Zach White <zwhite-hates-softw...@darkstar.frop.org> wrote at 08:06 on 
2008-07-05:

> On Sat, Jul 5, 2008 at 7:14 AM, Joshua Juran <jju...@gmail.com> wrote:
>
> It's worse than that. X11's selection buffer breaks a whole lot stuff
> if you, you know, actually use it and don't treat it like the vestigal
> feature it is.
> 
> A common behavior that this mechanism breaks is to copy a piece of
> text (say, from a terminal window) and go over to a text input box
> (say, the google search box in firefox) to paste it. If I planned to
> use the "highlight and middle click strategy" I now have a problem;
> how to get rid of the text that's already in the search box.

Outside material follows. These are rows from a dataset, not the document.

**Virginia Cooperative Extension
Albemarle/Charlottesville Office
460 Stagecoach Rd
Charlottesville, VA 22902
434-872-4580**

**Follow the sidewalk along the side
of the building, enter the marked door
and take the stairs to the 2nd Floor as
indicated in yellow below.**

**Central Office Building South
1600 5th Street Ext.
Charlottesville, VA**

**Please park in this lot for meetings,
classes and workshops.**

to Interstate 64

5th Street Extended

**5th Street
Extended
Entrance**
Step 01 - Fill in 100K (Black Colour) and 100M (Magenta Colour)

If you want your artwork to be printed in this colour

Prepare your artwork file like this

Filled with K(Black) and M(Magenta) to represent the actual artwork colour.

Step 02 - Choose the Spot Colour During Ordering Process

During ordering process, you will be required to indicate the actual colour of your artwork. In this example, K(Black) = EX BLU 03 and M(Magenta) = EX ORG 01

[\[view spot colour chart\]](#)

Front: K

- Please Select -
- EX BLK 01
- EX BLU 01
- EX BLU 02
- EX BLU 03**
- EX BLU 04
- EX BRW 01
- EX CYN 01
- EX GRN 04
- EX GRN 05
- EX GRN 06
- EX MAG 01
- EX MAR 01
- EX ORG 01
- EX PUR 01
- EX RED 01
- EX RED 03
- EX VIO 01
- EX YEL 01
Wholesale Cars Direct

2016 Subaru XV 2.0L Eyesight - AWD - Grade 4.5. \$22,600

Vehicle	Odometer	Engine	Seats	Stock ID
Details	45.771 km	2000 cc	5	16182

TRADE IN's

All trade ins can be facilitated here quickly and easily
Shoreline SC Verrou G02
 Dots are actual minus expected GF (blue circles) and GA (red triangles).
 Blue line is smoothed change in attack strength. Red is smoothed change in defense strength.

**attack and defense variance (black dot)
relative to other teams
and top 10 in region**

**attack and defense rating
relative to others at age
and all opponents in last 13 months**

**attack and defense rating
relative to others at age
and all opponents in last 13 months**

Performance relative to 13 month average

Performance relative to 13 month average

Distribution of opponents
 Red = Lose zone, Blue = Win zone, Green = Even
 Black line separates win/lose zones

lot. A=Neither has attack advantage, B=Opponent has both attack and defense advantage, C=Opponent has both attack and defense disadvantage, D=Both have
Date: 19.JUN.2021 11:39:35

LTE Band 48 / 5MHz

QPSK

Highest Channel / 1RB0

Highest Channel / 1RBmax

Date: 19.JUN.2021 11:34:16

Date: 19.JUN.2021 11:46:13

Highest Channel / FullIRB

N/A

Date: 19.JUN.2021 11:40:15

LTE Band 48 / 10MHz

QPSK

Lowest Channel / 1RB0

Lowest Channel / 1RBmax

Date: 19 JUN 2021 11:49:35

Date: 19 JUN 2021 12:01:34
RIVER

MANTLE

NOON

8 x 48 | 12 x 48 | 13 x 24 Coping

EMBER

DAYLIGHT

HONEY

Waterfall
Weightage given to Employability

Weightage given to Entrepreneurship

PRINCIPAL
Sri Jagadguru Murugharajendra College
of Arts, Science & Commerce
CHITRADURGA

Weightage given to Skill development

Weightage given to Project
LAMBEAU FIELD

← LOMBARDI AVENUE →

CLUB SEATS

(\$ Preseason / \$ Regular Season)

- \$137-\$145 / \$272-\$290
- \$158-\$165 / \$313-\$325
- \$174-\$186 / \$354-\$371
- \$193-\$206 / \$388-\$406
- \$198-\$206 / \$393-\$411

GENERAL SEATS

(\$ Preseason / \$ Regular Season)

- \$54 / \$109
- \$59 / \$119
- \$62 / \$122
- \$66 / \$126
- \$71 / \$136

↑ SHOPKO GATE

I now have ^k + backspace pretty well embedded in muscle memory for this
very purpose - if you select the text by ^k instead of using the mouse
Firefox doesn't clobber the X clipboard (unless and until a Firefox
developer decides to change this, which development I await with the
same sort of undelighted certainty as my own death).

As others have mentioned, the real hate here is the mental turmoil
brought on by trying to guess which of the X clipboard and the ^c/^x
clipboard a given paste action is going to use.

Bonus hardware hate for laptop manufacturers who refuse to give one a
full complement of buttons. The Asus Eee, which actually ships with
Linux and X, is a particularly egregious offender here.